Retrieve every line from the records in which the word "Large" occurs.

INPUT DATA.
+-------+

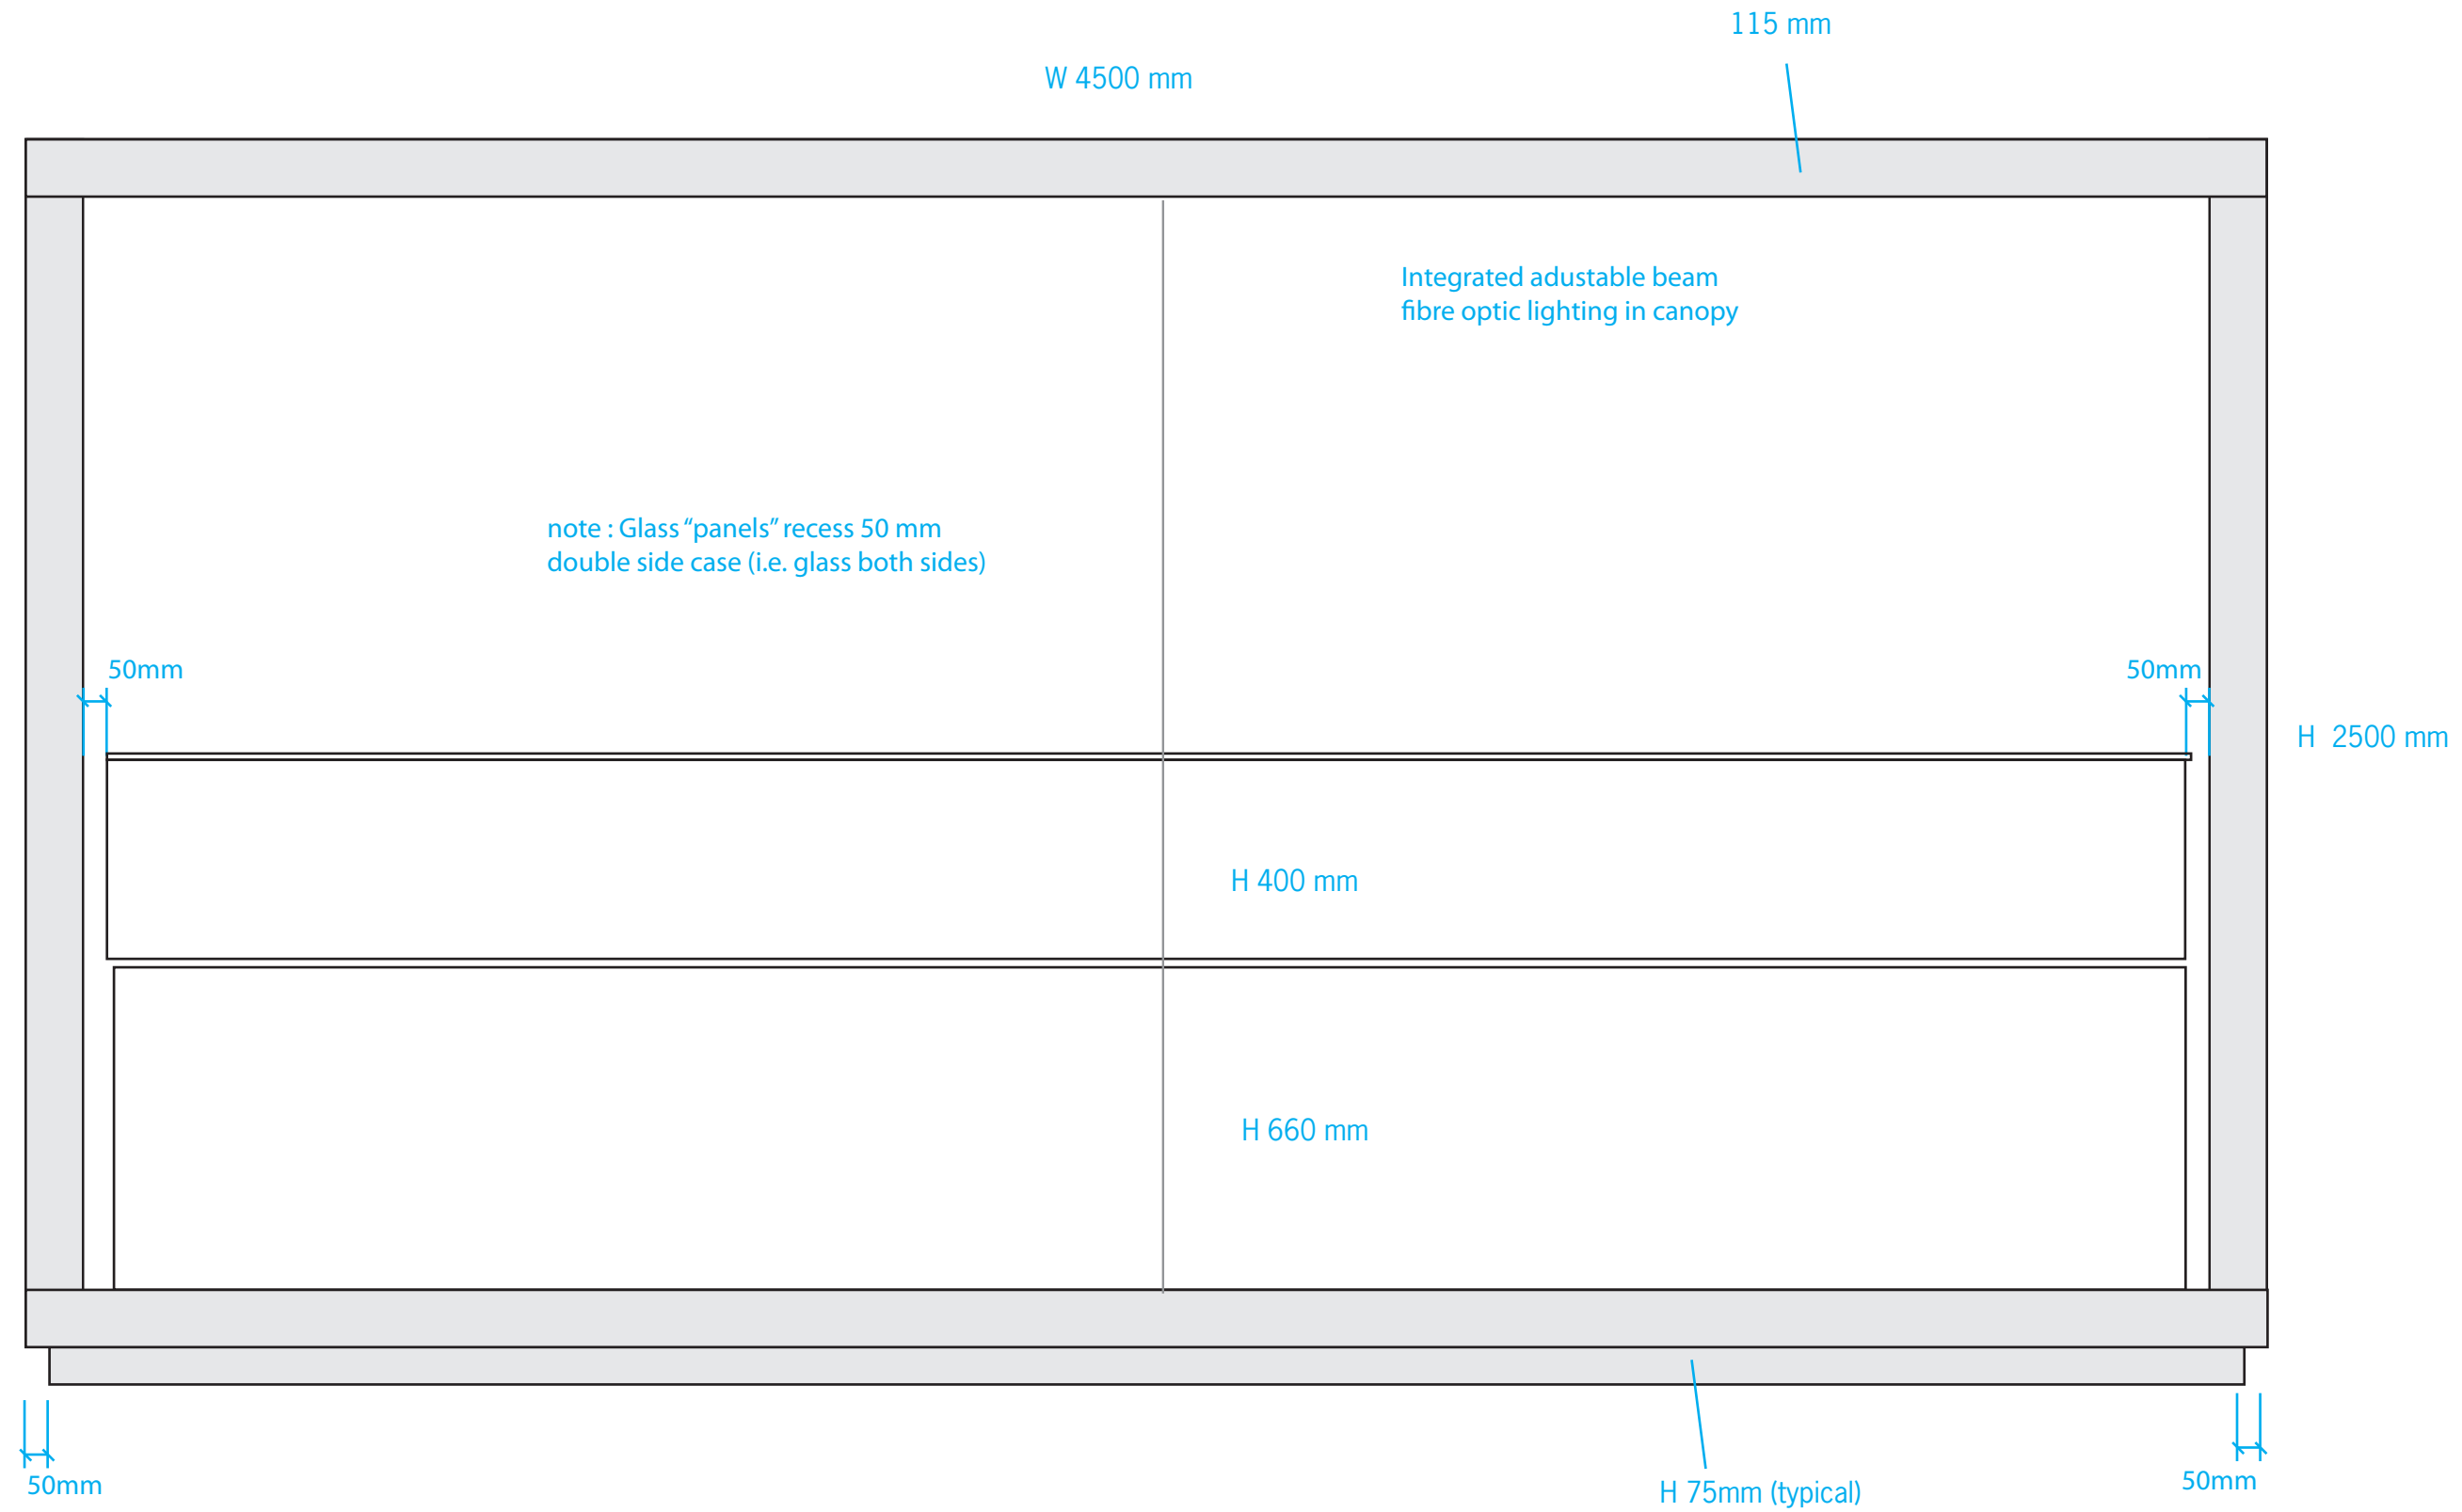

4500 mm x 1200 mm Large Inuit Case

Front Elevation

DRAFT

DETAILS

CASE TYPE
Large Inuit Case

DIMENSIONS
Height: 2500 mm
Width: 4500 mm
Depth: 1200 mm

DISPLAY SURFACE HEIGHT
n/a

ACCESSIBILITY
To Be Determined

FINISH
Matte Powder Coated Steel

QUANTITY: 1

DRAWING TITLE 4500 x 1200 Case	
PROJECT CDN 2017	
LOCATION A112	
SCALE n/a	DATE Dec 18/2015
DRAFTED BY David Bosschaart	
DRAWING 30a	
National Gallery of Canada Musée des beaux-arts du Canada
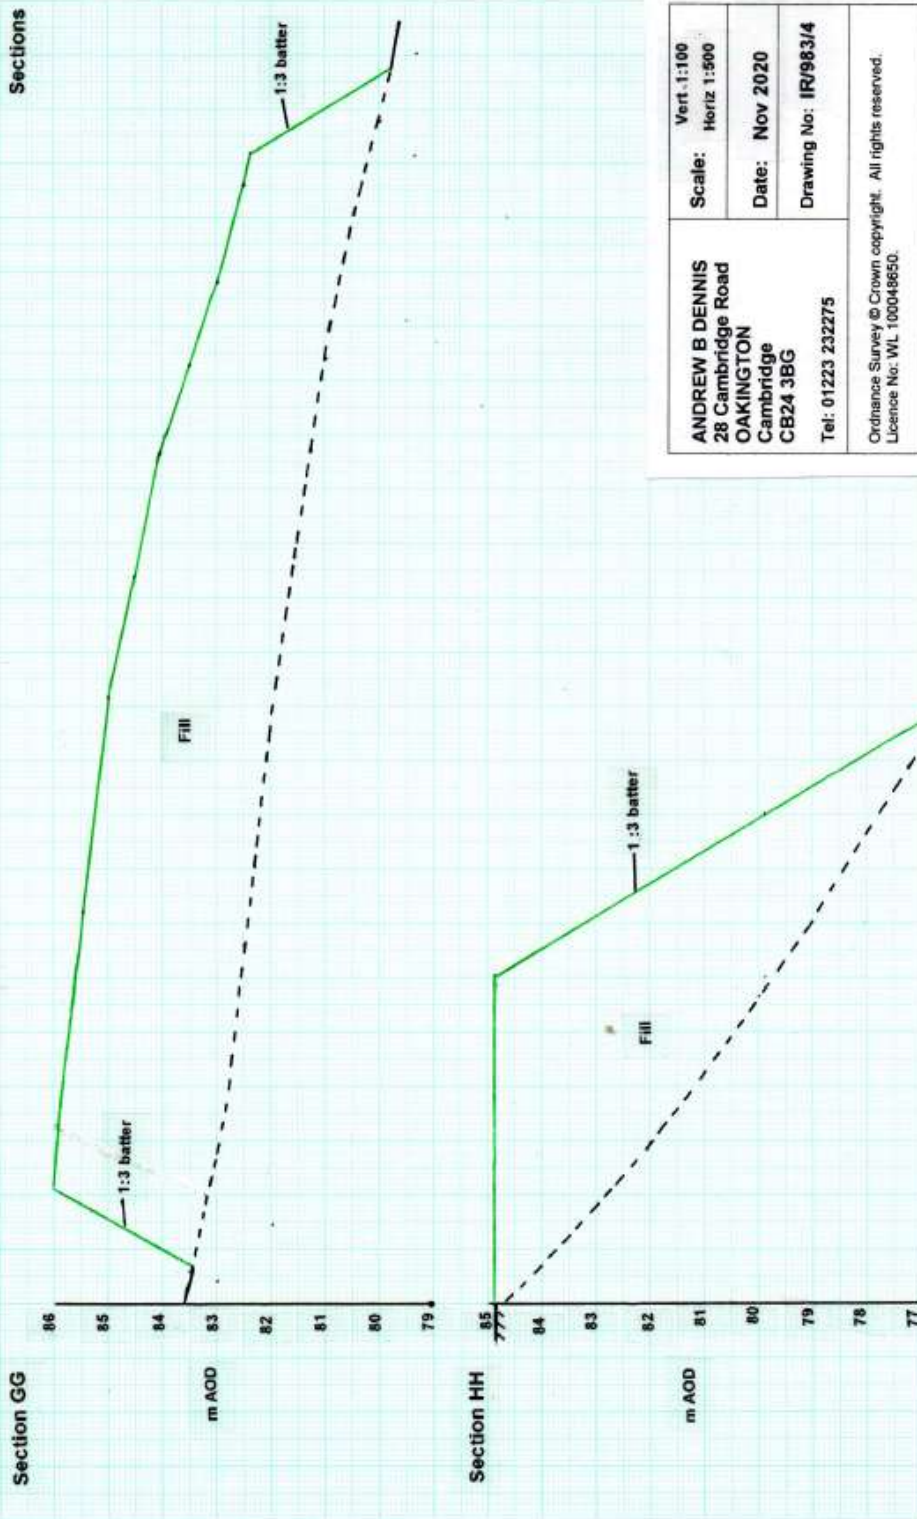

Roxhill Manor Farm, Marston Moreteyne

Sections

ANDREW B DENNIS 28 Cambridge Road OAKINGTON Cambridge CB24 3BG Tel: 01223 232275	Vert. 1:100 Horiz. 1:500
	Date: Nov 2020 Drawing No: IR/983/3
Ordnance Survey © Crown copyright. All rights reserved. Licence No: WL 100048650.	

Roxhill Manor Farm, Marston Moreteyne

Sections

ANDREW B DENNIS 28 Cambridge Road OAKINGTON Cambridge CB24 3BG Tel: 01223 232275	Vert: 1:100 Scale: Horiz 1:500
Date: Nov 2020 Drawing No: IR/963/4	
Ordnance Survey © Crown copyright. All rights reserved. Licence No. WL 100048650.	
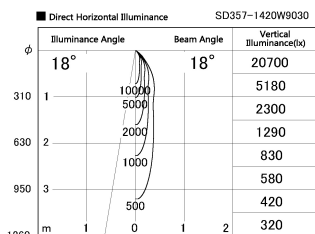

Item no. SD357-1420W9030

Series Name: Cylinder Box (UL Track)
(SD357)

Installation	Track mount
Type	Cylinder Box (UL Track) (SD357)
Fixture wattage	14W
Beam angle	18 deg
Color Temp.	3000K
CRI	Ra>90
Luminous	1026 lm
Body	Die-cast aluminum alloy
Body finish	White
Trim finish	N/A
Reflector finish	N/A
IP Rate	IP20
Light source	COB module
Input Voltage	AC220~240V
Dimming Type	Non-Dimmable
Certificate	CE, CCC
Cut Hole	N/A

+-------+

WRITTEN RESPONSE.
4500 mm x 1200 mm Large Inuit Case
Large Inuit Case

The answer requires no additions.